DustlandFairytaleBeginning · 03/06/2025 10:43

I sat next to my best friend at a wedding and she was just having water all night and I never even thought anything of it until the pregnancy announcement came and I looked back.

It's only weird if you draw attention to it. I very much doubt anyone would say anything. If they did I wouldn't use the antibiotic thing, I'd just say I have a slight headache, don't want to make it worse.

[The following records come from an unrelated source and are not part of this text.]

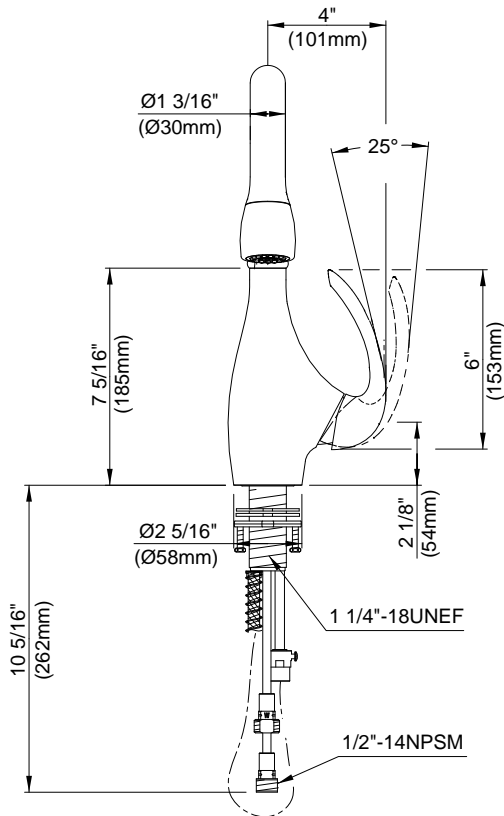

Submittal Information:

Job Name: _____
Contractor: _____

Location: _____
Contact #: _____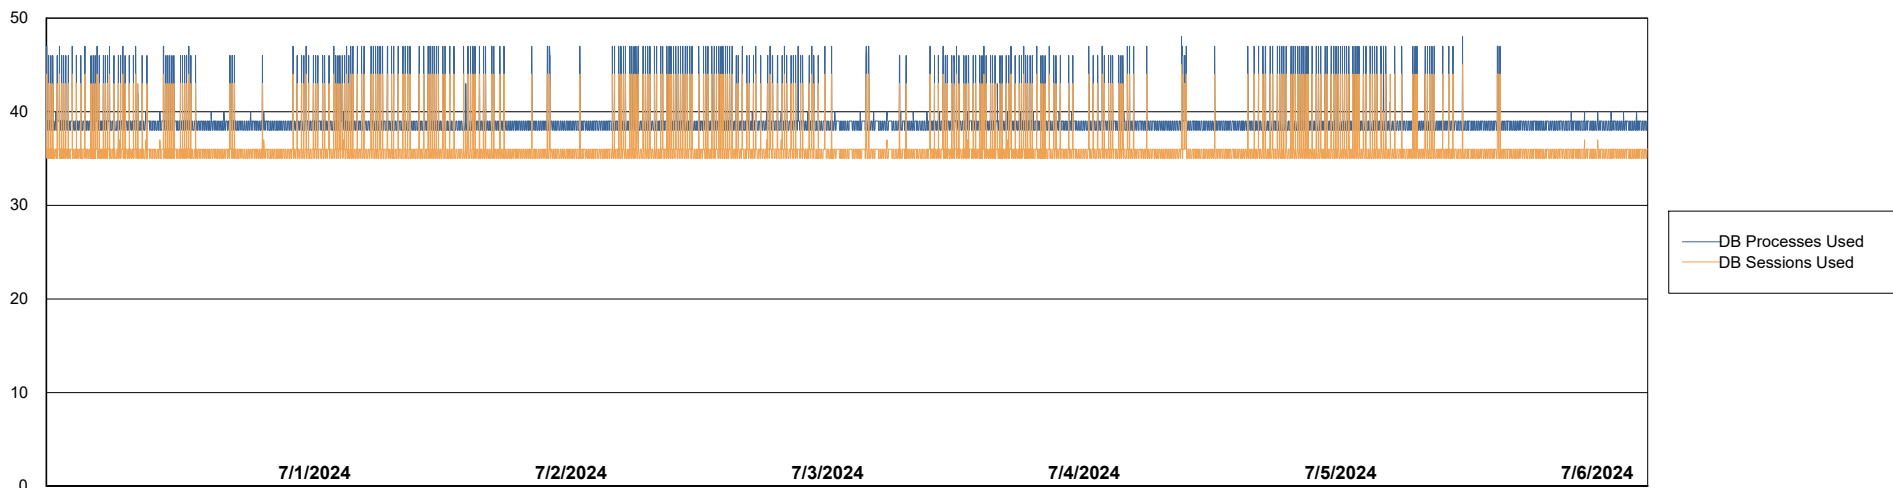

Database Performance VOS_PRD_ABSORA2-2022_HSBABS1

DB Processes Max 1,000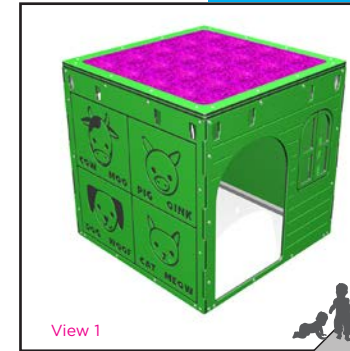

View 2:
Samoan
PolyPlay
Panel Option.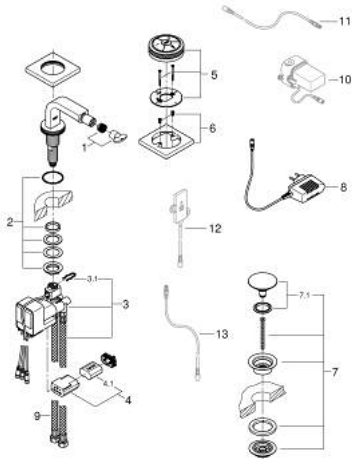

36 346 000 ALLURE F-DIGITAL DIGITAL BIDET MIXER

PRODUCT DESCRIPTION

- Colour: chrome
- including digital mixing device
- single hole installation
- - Temperature and flow control
- - Memory-function
- - LED-ring
- Digital mixing device
- - digital controlled valves
- - integrated temperature sensor
- Default setting configurable during installation:
- - automatic safety shut-off after 60 sec
- - integrated temperature sensor
- default setting configurable during installation:
- - automatic safety shut-off after 60 sec.
- GROHE LongLife finish
- GROHE EcoJoy - less water, perfect flow
- ball-joint mousseur
- Push-open waste set 1 1/4"
- flexible connection hoses
- incl. plug power supply 65 790 000
- minimum pressure 1,0 bar
- requires built-in power supply 36 078 000

36 346 000 ALLURE F-DIGITAL DIGITAL BIDET MIXER

SPARE PARTS, August 2016 – now

- 1: Mousseur (Spare part-nr. 13989000)
 - 2: Shank fastening assembly (Spare part-nr. 45025000)
 - 3: mixing device (Spare part-nr. 48163000)
 - 3.1: Fixing clamp (Spare part-nr. 6554100M)
 - 4: Battery housing with battery (Spare part-nr. 42393000)
 - 4.1: Battery (Spare part-nr. 42886000)
 - 5: Digital controller
 - Remote controller for bath or shower (Spare part-nr. 36309000)
 - 6: Holder plate for Digital Controller (Spare part-nr. 40710000)
 - 7: Pop-up waste set (Spare part-nr. 65807000)
 - 7.1: Nipple (Spare part-nr. 45986000)
 - 8: Plug power supply 230 V (Spare part-nr. 65790000)
 - 9: Connection hose (Spare part-nr. 46255000)
 - 10: Plug power supply 110-240 V (Spare part-nr. 36078000)*
 - 11: connection wire (Spare part-nr. 47727000)*
 - 12: Transceiver (Spare part-nr. 36356000)*
 - 13: connection wire (Spare part-nr. 65815000)*
- * Optional accessories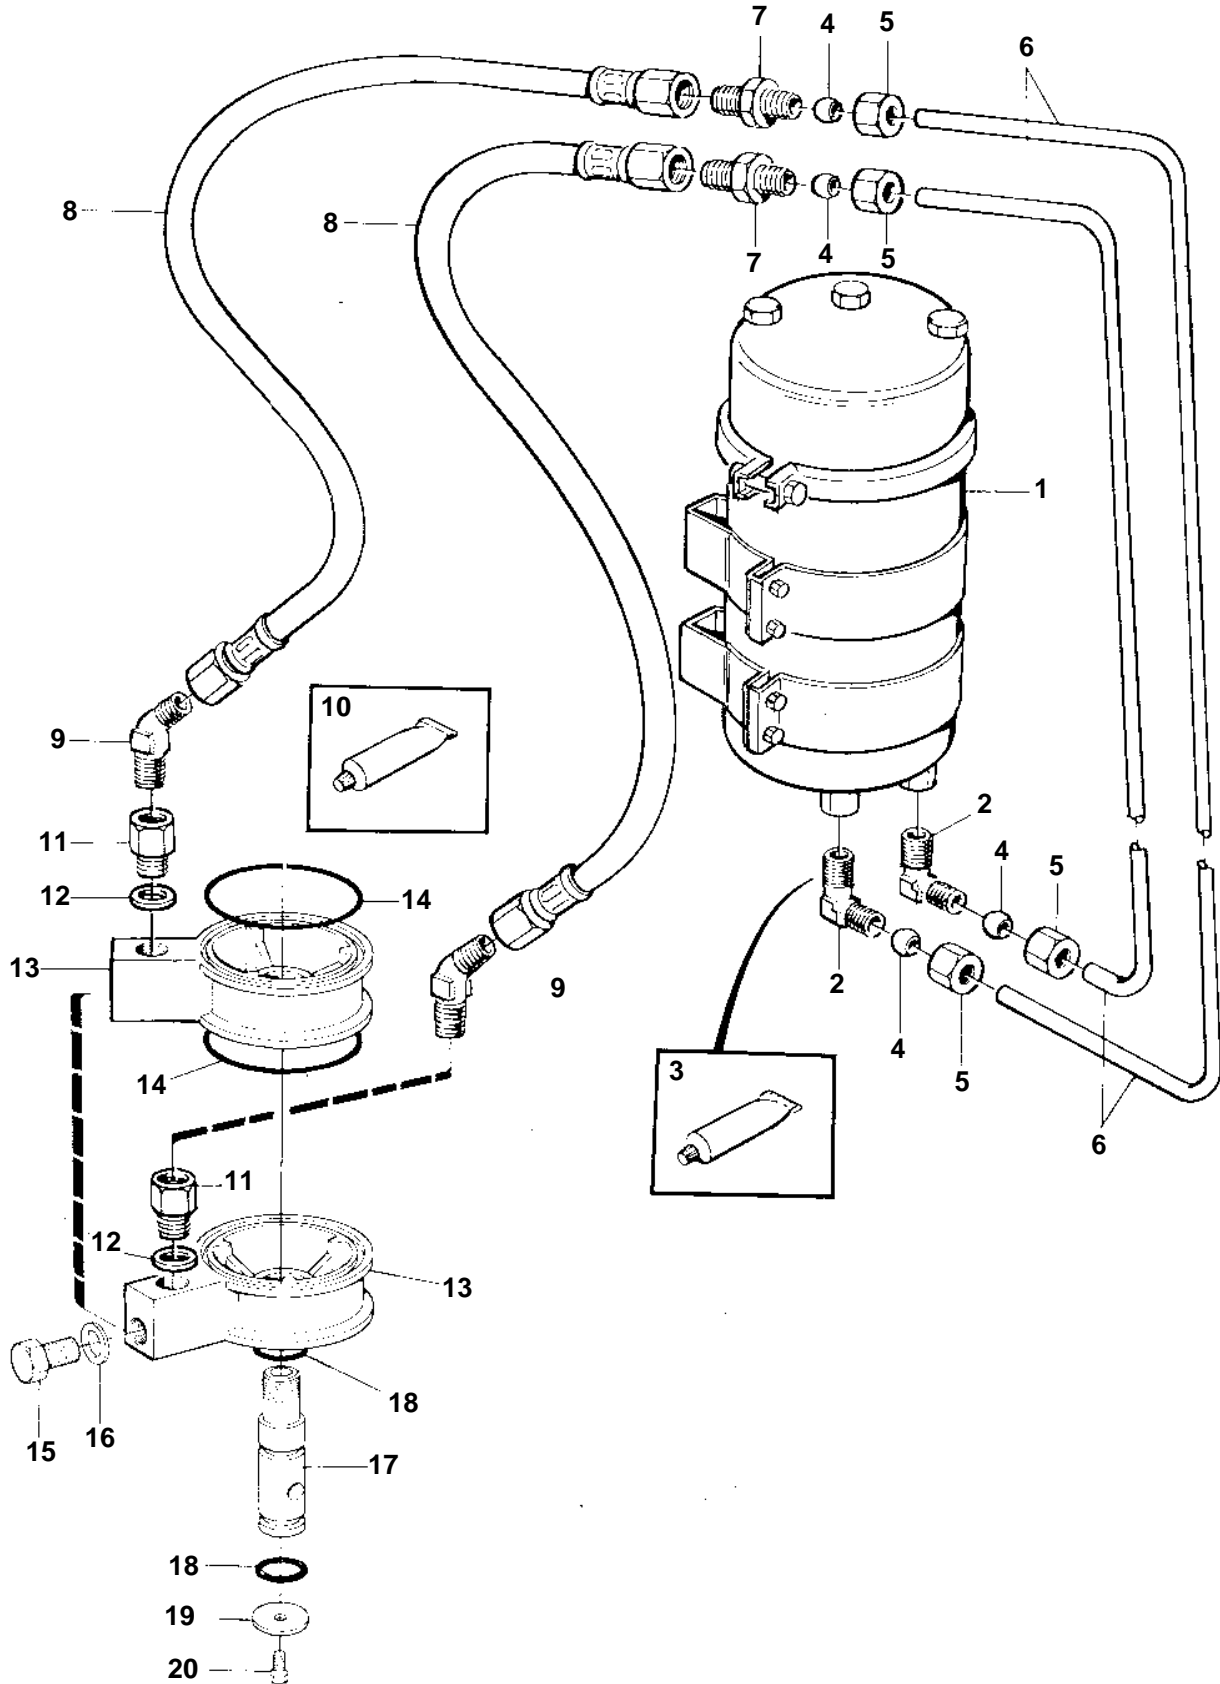

TD610M, TD630ME, TWD630ME

16517

TD610M, TD630ME, TWD630ME

REF	PART NO.	QTY	DESCRIPTION	NOTES
1	1571528	1	Oil filter kit	
	1517575	1	· Filter insert	
2	944276	2	Nipple	
3	1161099	X	Sealant	
4	326599	4	Fitting	
5	326596	4	Nut	
6		X	Tube	
7	946358	2	Nipple	
8	966601	2	Hose	L=350mm
9	945227	2	Elbow nipple	
10	1161099	X	Sealant	
11	942882	2	Nipple	
12	18677	2	Gasket	
13	848502	2	Cover	
14	949647	2	O-ring	
15	960632	2	Plug	
16	948884	2	Washer	
17	848505	1	Tube	
18	949658	2	O-ring	
19	862692	1	Washer	
20	970944	1	Screw

ISpyNoPlumPie · 03/06/2025 10:44

MummoMa · 03/06/2025 10:29

I have to agree that it's not appropriate to deliver a big announcement like that at someone else's event. However, just mentioning it to family around the same time, I don't see the issue. It's almost like people in some families only have the mental capacity to process one event at a time.

That wouldn’t have bothered me, and of course they wouldn’t need to ask to tell whoever they like! Saying that, if I were in the same situation, I would wait till after someone else’s wedding. I don’t know if it really matters, and I don’t think I’m precious but appreciating all the time, effort, and money that goes into a wedding, I wouldn’t want the bride or groom to feel aggrieved. It’s a funny thing isn’t it? The concept of someone’s “special day” and the limelight being on them? Like I said, I don’t think it really matters but I wouldn’t do that to someone else.